_Exercise goal:_
Transcribe all of the records word for word, but omit the pictures.

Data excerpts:
===============

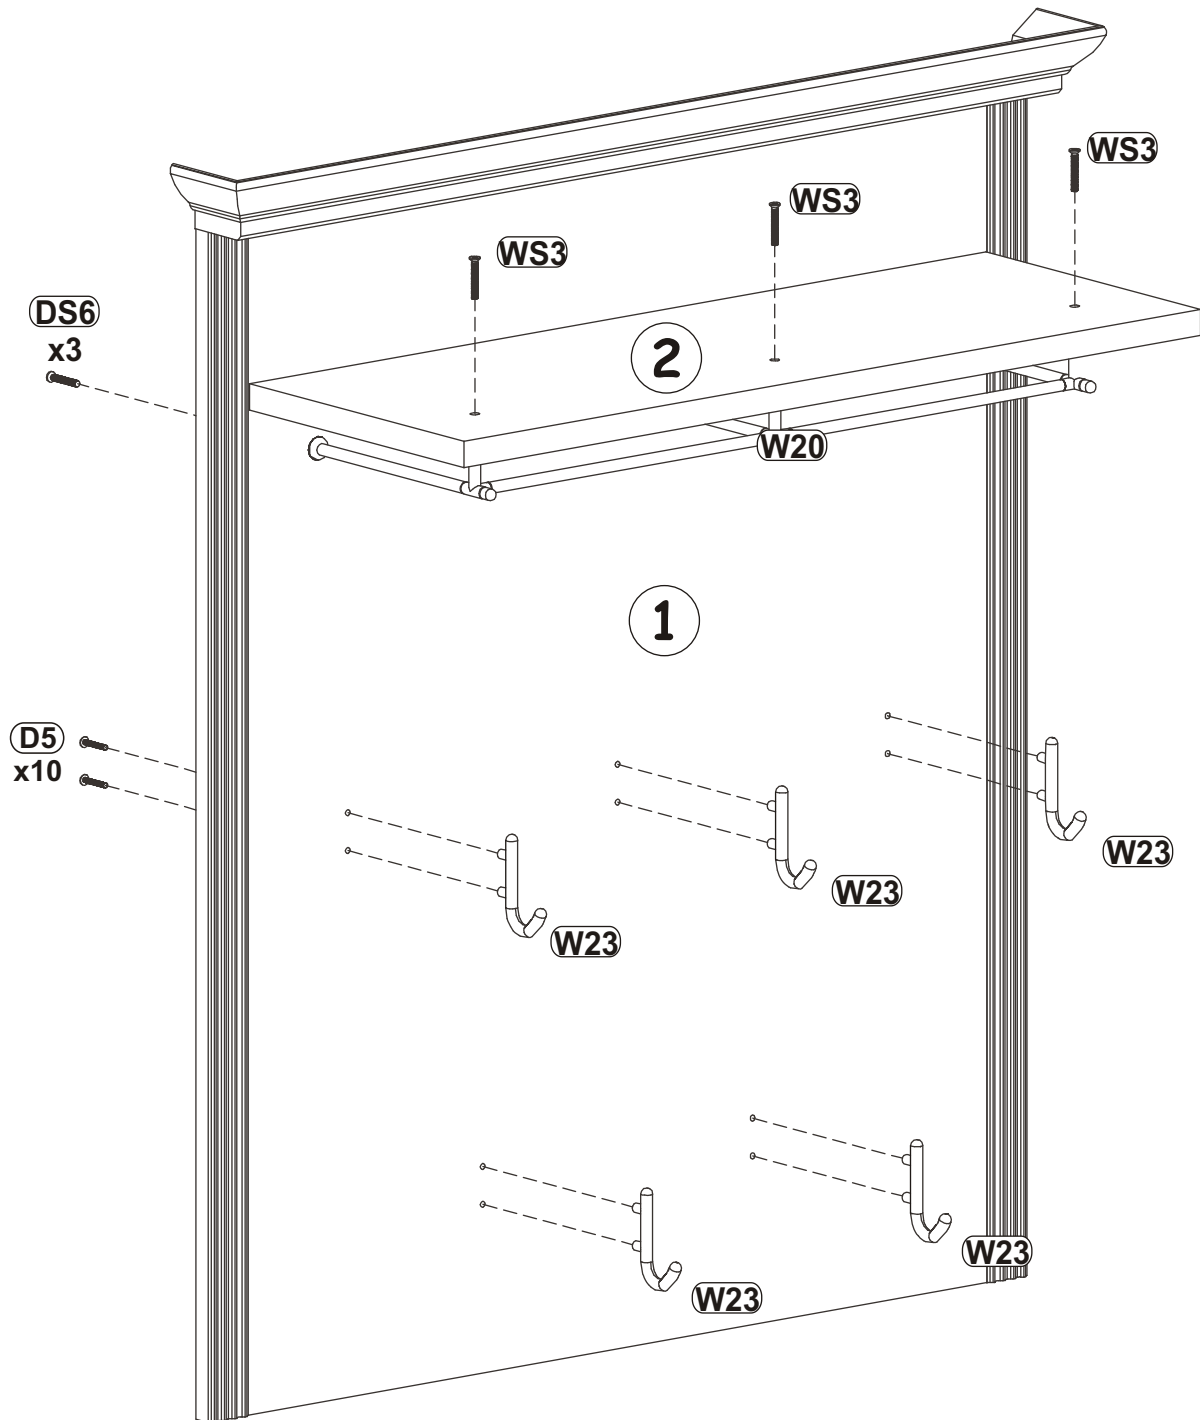

JASMIN 30B1_41

max
5kg

NO	Dim.		Col.-No	Qty
1	1008	788	1	1
2	786	280	1	1
3	1008	43	1	2
4	876	60	1	1
5	929	67	1	1
6	86	67	1	1
7	86	67	1	1

40 min

A1 x8  Ø8x36	A3 x8  Ø8x47	B5 x16  Ø15x12	G5 x16 	B9 x8  Ø7x48	D9 x8  USØ3x20
B11 x8  Ø7x50	G4 x8 	D20 x6  ESØ6,3x9,5	KR2 x3 	G2 x1 	D5 x10  M4x25
W23 x5 	W20 x1 	ZM1 x3 	DS6 x3  WSM4x25	WS3 x3  WS4x30	

1

B9	
x8	Ø7x48

G5	
x16	

2

3

4

B11	 Ø7x50	G4	
x4		x4	

5

B11	 Ø7x50	G4	
x4		x4	

6

WS3 x3	 WS4x30	W23 x5		D5 x10	 M4x25
W20 x1		DS6 x3	 WSM4x25		

KR2
x3

7

===============

_Reply to the exercise:_
JASMIN 30B1_41

max
5kg

NO	Dim.		Col.-No	Qty
1	1008	788	1	1
2	786	280	1	1
3	1008	43	1	2
4	876	60	1	1
5	929	67	1	1
6	86	67	1	1
7	86	67	1	1

40 min

A1 x8  Ø8x36	A3 x8  Ø8x47	B5 x16  Ø15x12	G5 x16 	B9 x8  Ø7x48	D9 x8  USØ3x20
B11 x8  Ø7x50	G4 x8 	D20 x6  ESØ6,3x9,5	KR2 x3 	G2 x1 	D5 x10  M4x25
W23 x5 	W20 x1 	ZM1 x3 	DS6 x3  WSM4x25	WS3 x3  WS4x30	

1

B9	
x8	Ø7x48

G5	
x16	

2

3

4

B11	 Ø7x50	G4	
x4		x4	

5

B11	 Ø7x50	G4	
x4		x4	

6

WS3 x3	 WS4x30	W23 x5		D5 x10	 M4x25
W20 x1		DS6 x3	 WSM4x25		

KR2
x3

7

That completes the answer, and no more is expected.